*** Opening of Material for the task ***

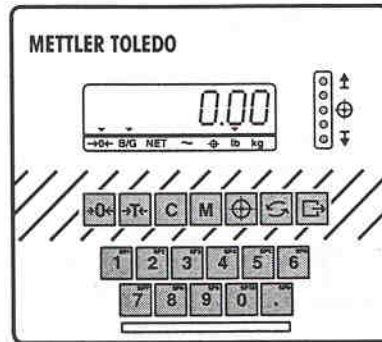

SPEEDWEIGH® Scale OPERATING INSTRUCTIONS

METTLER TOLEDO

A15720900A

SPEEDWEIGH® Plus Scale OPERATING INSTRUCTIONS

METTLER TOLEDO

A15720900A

*** Close of Material for the task ***
*** Opening of Material for the task ***

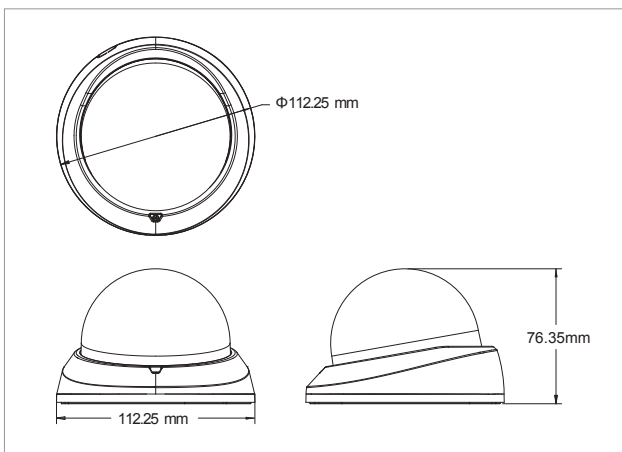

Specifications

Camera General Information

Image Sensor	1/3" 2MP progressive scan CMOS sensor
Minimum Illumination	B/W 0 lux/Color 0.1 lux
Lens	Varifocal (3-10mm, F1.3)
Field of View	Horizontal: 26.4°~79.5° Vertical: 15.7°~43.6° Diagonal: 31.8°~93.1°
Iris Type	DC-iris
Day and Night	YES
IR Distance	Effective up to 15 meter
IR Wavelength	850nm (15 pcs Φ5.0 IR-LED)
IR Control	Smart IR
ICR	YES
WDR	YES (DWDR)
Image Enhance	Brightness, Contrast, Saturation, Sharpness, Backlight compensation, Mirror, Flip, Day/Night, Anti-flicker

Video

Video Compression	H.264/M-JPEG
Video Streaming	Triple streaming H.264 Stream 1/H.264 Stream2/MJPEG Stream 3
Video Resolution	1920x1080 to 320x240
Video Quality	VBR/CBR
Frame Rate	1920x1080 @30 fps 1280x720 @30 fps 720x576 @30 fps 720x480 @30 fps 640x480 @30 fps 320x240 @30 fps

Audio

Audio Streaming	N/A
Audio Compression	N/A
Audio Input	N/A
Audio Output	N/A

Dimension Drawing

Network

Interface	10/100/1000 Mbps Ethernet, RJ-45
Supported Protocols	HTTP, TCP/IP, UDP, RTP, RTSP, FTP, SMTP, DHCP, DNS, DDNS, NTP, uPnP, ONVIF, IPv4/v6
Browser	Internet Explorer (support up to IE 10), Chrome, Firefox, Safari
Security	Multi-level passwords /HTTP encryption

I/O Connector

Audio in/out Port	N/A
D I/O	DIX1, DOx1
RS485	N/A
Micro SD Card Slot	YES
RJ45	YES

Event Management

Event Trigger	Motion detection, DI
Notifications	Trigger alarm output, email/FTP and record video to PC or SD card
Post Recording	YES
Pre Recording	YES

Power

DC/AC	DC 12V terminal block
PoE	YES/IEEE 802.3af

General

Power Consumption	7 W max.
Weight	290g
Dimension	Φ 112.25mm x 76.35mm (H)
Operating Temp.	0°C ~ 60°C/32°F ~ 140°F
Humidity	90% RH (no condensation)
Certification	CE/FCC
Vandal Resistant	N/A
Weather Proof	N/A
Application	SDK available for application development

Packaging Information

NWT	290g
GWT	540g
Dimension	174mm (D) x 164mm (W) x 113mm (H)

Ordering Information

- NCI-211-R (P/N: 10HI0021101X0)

*** Close of Material for the task ***
*** Opening of Material for the task ***

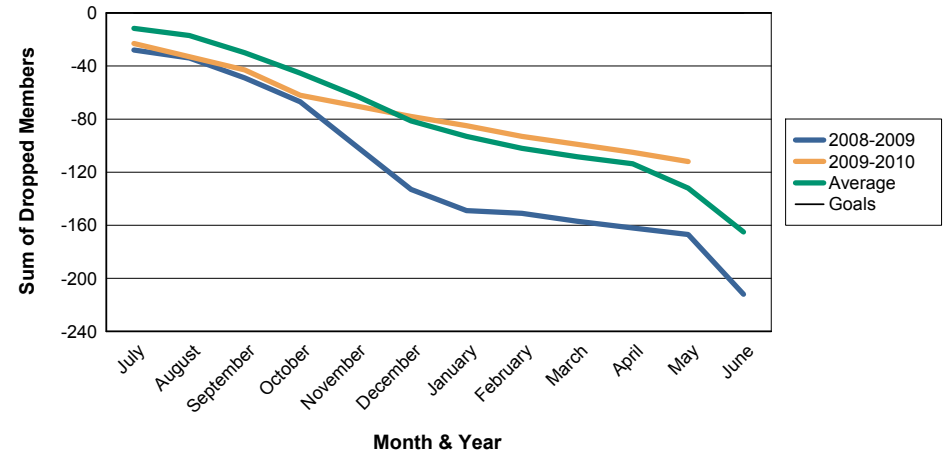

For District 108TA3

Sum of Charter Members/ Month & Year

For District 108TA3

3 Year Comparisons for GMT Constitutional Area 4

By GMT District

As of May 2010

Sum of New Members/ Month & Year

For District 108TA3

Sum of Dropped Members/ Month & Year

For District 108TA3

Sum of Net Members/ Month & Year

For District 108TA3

*** Close of Material for the task ***

■ Exercise
Every line in the entries above that has the word "Month" should be identified and copied.

■ Exercise solution
Sum of Charter Members/ Month & Year
Sum of New Members/ Month & Year
Sum of Dropped Members/ Month & Year
Sum of Net Members/ Month & Year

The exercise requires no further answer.